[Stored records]
------------------------------
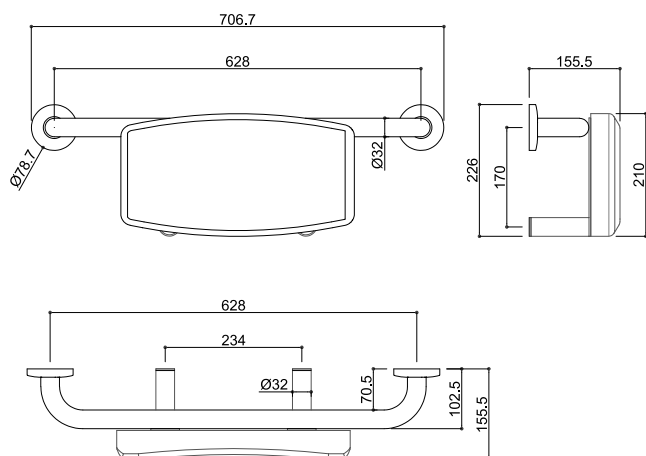

## Technický list

## Vlastnosti

- pre osoby s telesným postihnutím a zníženou pohyblivosťou
- madlo z nerezovej oceli AISI 304 s čiernou polyuretánovou chrbtovou opierkou k WC
- povrch lesklý

## Rozmery

## Technická špecifikácia

Rozmery	706,7 x 226 x 155,5 mm
Hmotnosť	2,65 kg
Hrúbka materiálu	1,5 mm
Vonkajší priemer rámu	32 mm
Priemer príruby	72 mm
------------------------------
◆ **TASK PROMPT**
The output has to match the data above line for line, except that pictures are dropped.

◆ **FINISHED EXERCISE**
## Technický list

## Vlastnosti

- pre osoby s telesným postihnutím a zníženou pohyblivosťou
- madlo z nerezovej oceli AISI 304 s čiernou polyuretánovou chrbtovou opierkou k WC
- povrch lesklý

## Rozmery

## Technická špecifikácia

Rozmery	706,7 x 226 x 155,5 mm
Hmotnosť	2,65 kg
Hrúbka materiálu	1,5 mm
Vonkajší priemer rámu	32 mm
Priemer príruby	72 mm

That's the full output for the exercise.